Sadness, loneliness, frustration, annoyance, and now anger because during those months he took back those words without any explanation except it played it course. He gave up, he didn't see all the amazing things our energy together could achieve or maybe he did and he was afraid. I made him smile, laugh, and drove him nuts at times, but doesn't every woman.
I am very hard to control and have my own mind. I do not deserve to be a fair weather friend and why when a friend of ours insisted I could not hangout because she didn't want to mix pg with x. I said then why are you going. She is breaking us apart. She is making him choose freedom or commitment. He will always choose freedom. It's what he fights for everyday in his job.
He did choose me at first but she kept inviting him without me and it took its tole and we separated. We tried to be friends. We hung out, still talked once in awhile, and then one day he invited me back to his house again. I should have said no but I couldn't. I still loved him really. We were having such a good time it just felt right. We just cuddled, I wasn't ready for anything else.
We continued to hangout over the summer and our relationship was getting better and better. We were having fun again, laughing with each other, helping him when he needed it most, and building bonds of quality enjoyable time.
I even collard him after his trip to the cape and we laughed about it.
But, then time, distance, work, other woman, came in between us. I believe in sharing. He does not. I am actually required to share but do so willingly. I think he just doesn't tell cause he's afraid of my reaction or he doesn't want me to feel hurt. Either way it's always a discussion never a real fight. Our real fights are always over commitment. We never fight over anything else, we do disagree but we just agree to disagree and figure it out.
I am logical and it drives him nuts because my points make sense and usually are right on but if he doesn't want to hear it. He tries and I usually smile because hehe I told him.
And why when He said if you love me you will let me go in February.
I wrote him a letter and said good bye said I was not chasing him anymore.
Five days later, I'm having a great time and he texts. My heart dropped. What was he doing. Answering a question I had asked before our goodbye.
WTF, I was so hurt. I didn't understand why he was contacting me. I responded with I'm a little busy maybe will we talk next weekend.

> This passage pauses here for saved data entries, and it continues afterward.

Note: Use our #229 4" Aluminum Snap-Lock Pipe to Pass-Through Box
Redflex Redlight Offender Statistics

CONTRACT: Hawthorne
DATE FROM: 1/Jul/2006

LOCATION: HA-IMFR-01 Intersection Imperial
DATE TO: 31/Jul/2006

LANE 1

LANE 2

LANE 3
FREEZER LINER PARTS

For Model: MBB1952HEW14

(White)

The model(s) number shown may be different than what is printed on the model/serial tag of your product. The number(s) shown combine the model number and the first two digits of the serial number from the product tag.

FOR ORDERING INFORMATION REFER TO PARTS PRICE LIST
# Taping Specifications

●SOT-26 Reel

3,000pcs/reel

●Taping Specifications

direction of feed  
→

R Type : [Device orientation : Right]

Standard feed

We spoke here and there and I started dating and so did his questions on my adventures. I said again. If I'm sharing you need to as well but he couldn't be honest really with me. It's all half truths. Never a full story. So, I am left to fill in the gaps and all men know what happens when woman are left to fill in the gaps. The wrong information and worry.

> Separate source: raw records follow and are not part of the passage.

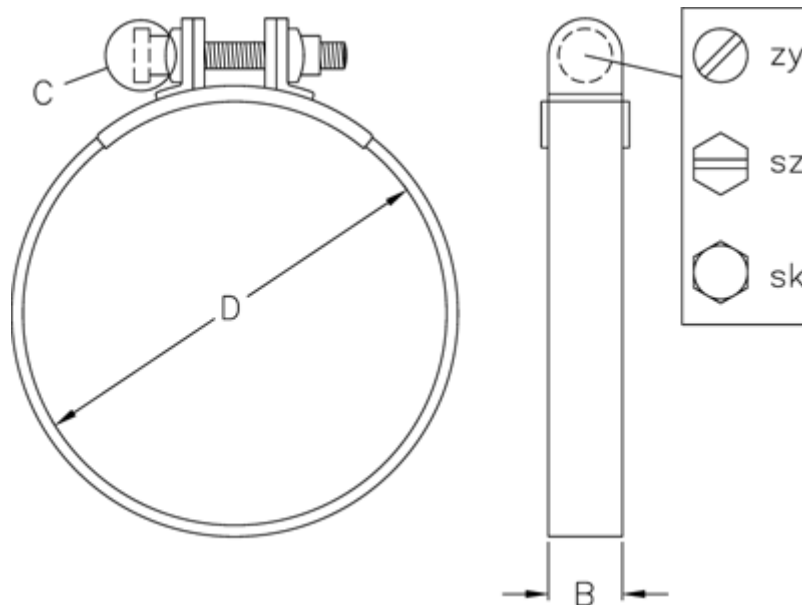

Data Sheet

Article number: 02150000125

Description: Sealing Clamp S 125 W1

Measures

C (screw type) = SZ
Diameter D = 125
Width B = 20
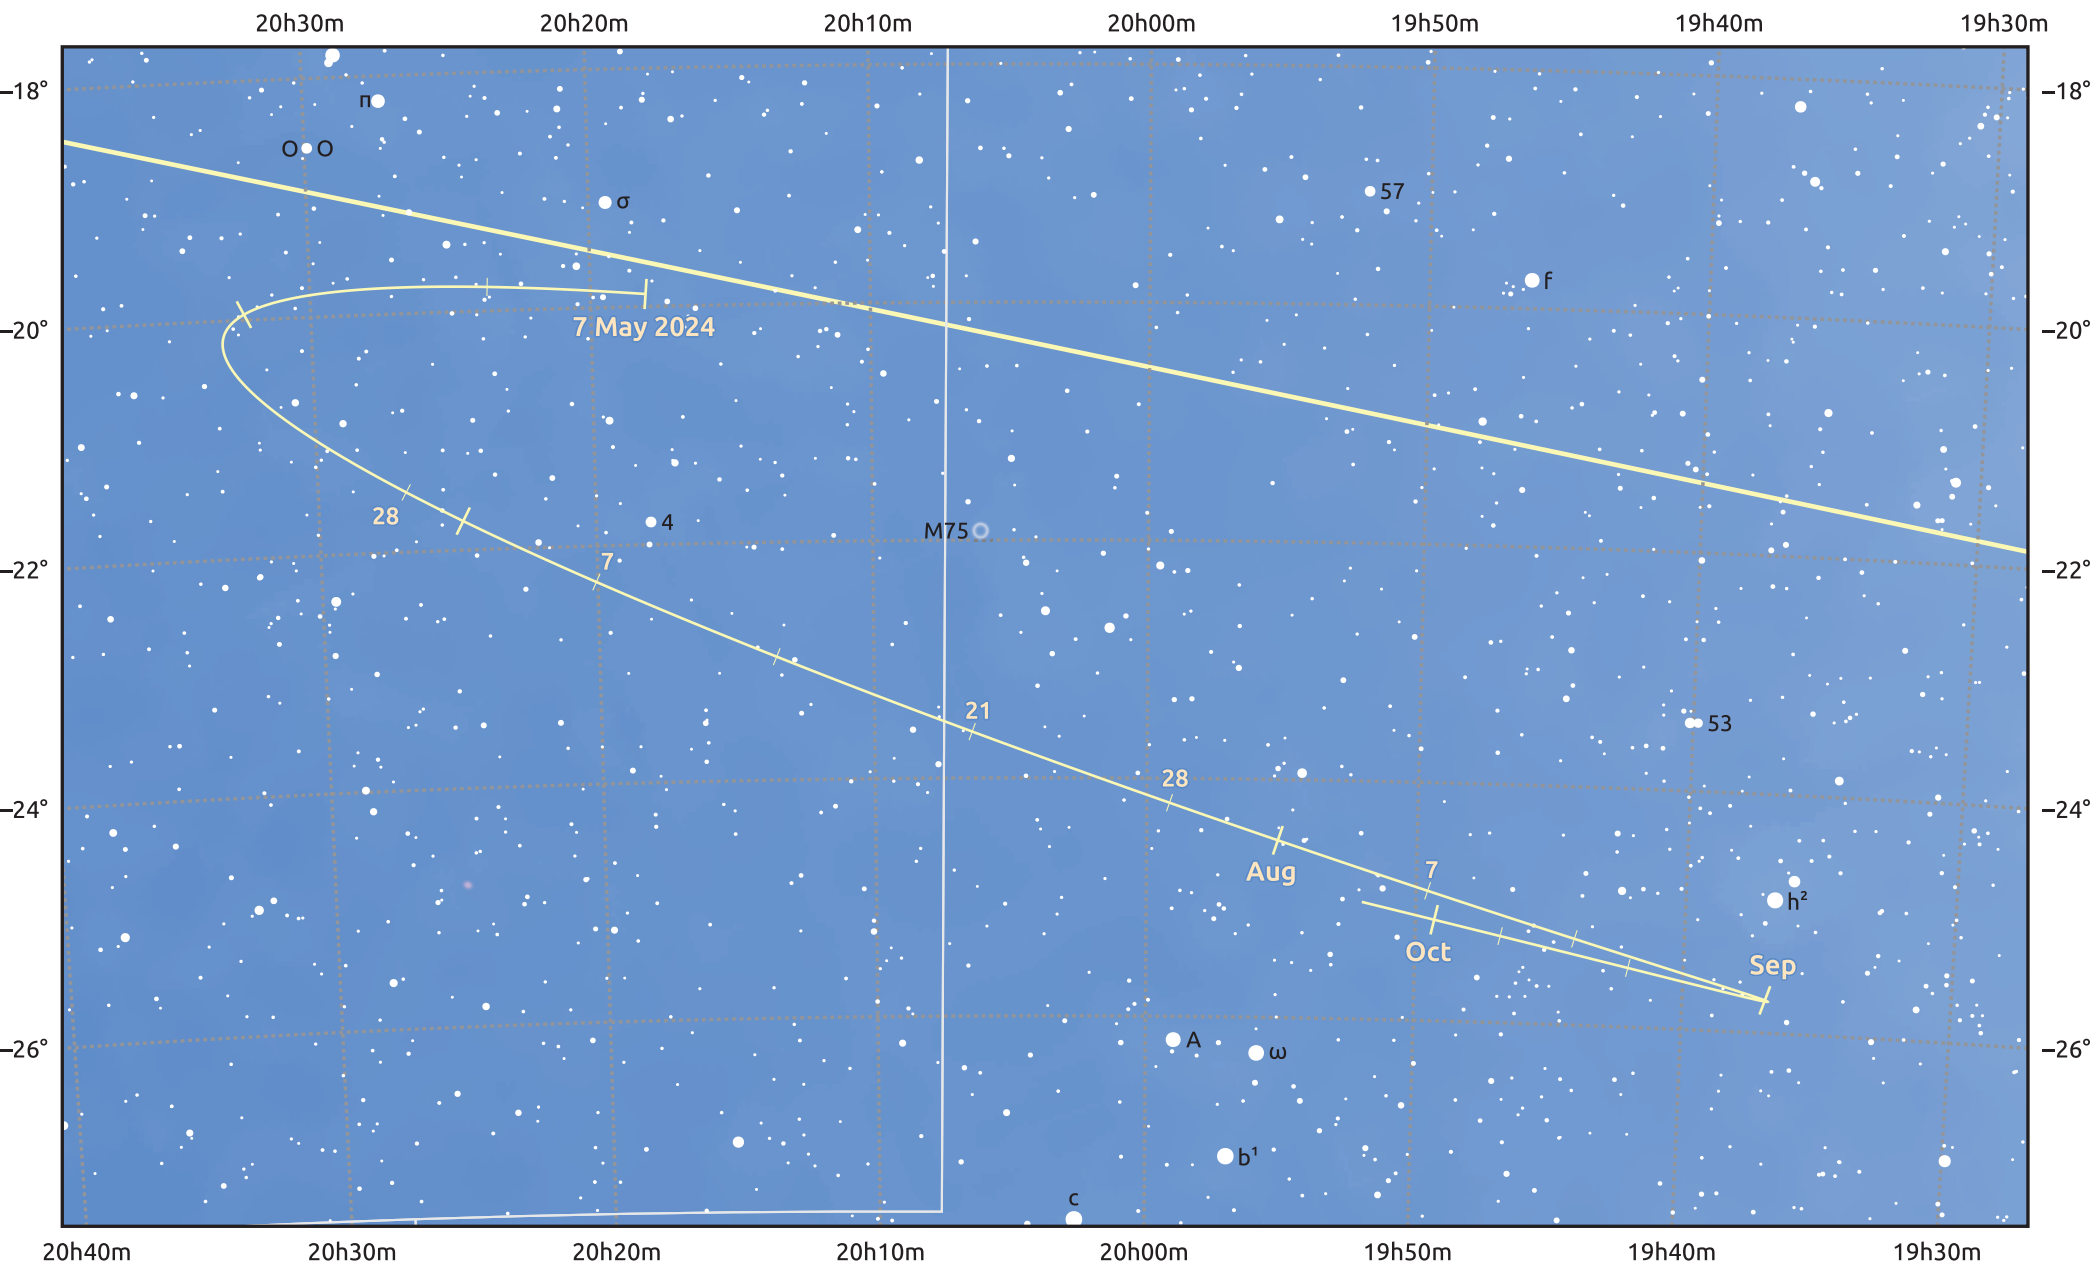

The path of Asteroid 40 Harmonia around opposition on 21 Jul 2024

© Dominic Ford 2011–2025. Date markers placed at midnight UTC. Downloaded from <https://in-the-sky.org>

Magnitude scale: • 10.0 • 9.0 • 8.0 • 7.0 • 6.0 • 5.0 • 4.0

— Ecliptic Plane

- Galaxy
- Bright nebula
- Open cluster
- Globular cluster
- Planetary nebula

Date	Mag	Phase
2024 Jun 1	10.2	96%
2024 Jun 22	9.7	98%
2024 Jul 1	9.5	99%
2024 Aug 1	9.2	100%
2024 Sep 1	10.0	97%
2024 Oct 1	10.6	95%

Again, I am still filling in the gaps.. When he first arrived in the states about two weeks ago his picture fell off my wall and just last week a package I sent in February was returned because they couldnt find him. Friends are chatting about him sharing pics and hes everywhere I look. Its driving me nuts. Since, we never stopped texting, I asked for him to call so we could talk. I want boundaries.

I want to have the full story not it just played it course. Because that was not my impression. I want to be able to underatand.

He has not called or texted. He is being a coward in my eyes. I am living my life day to day because I have so much on my plate. I have no idea what will be around the next corner but I am trying to pick up he pieces and put it together so I can be happy, wealthy, and wise .

So, I'm asking why do you think he doesn't call?

Biunicorn


rm_bosobk2001 53M
32 posts
6/7/2013 12:24 pm

"He's just not that into you." Yes, it's a book and a saying. But my guess is that he understands what it is you want and he either doesn't want to give it or to change into who he needs to be for that to happen.

I may not be clearly understanding everything that is happening here, but that's the way it seems to me. And if what he's willing to do so far isn't enough for you then you either need to move on or accept it for what it is and not think you will ever change it because it's unlikely you will.